§ **WHAT NEEDS TO BE DONE**
Repeat only the stretch of lines below that runs from the line with "1 FOR XT1 F - XT3 F ONLY" through the line with "FOR XT2 - XT4 3P ONLY", unaltered.

======== RECORDS SUPPLIED

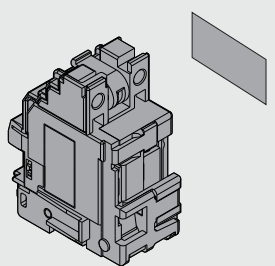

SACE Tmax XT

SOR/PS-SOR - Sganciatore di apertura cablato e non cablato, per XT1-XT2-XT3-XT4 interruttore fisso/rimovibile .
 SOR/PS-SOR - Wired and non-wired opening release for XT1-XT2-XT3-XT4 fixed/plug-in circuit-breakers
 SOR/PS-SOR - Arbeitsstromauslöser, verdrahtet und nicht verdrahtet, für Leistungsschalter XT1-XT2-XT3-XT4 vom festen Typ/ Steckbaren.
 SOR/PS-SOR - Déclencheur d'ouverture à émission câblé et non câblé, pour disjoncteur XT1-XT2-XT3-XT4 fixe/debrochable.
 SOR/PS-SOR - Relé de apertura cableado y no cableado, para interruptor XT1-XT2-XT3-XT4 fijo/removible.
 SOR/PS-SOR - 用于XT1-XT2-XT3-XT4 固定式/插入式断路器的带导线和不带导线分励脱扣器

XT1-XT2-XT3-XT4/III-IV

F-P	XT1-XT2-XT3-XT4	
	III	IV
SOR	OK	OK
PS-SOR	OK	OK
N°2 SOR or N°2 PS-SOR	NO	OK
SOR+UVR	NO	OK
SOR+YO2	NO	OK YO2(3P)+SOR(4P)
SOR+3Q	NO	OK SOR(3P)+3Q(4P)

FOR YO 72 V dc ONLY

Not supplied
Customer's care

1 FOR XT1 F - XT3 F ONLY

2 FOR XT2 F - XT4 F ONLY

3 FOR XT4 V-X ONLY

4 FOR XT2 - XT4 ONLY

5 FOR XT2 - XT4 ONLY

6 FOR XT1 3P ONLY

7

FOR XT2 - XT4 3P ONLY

================
======== RECORDS SUPPLIED

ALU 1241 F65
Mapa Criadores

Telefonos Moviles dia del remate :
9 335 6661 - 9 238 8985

================

§ **RESPONSE AREA**
1 FOR XT1 F - XT3 F ONLY

2 FOR XT2 F - XT4 F ONLY

3 FOR XT4 V-X ONLY

4 FOR XT2 - XT4 ONLY

5 FOR XT2 - XT4 ONLY

6 FOR XT1 3P ONLY

7

FOR XT2 - XT4 3P ONLY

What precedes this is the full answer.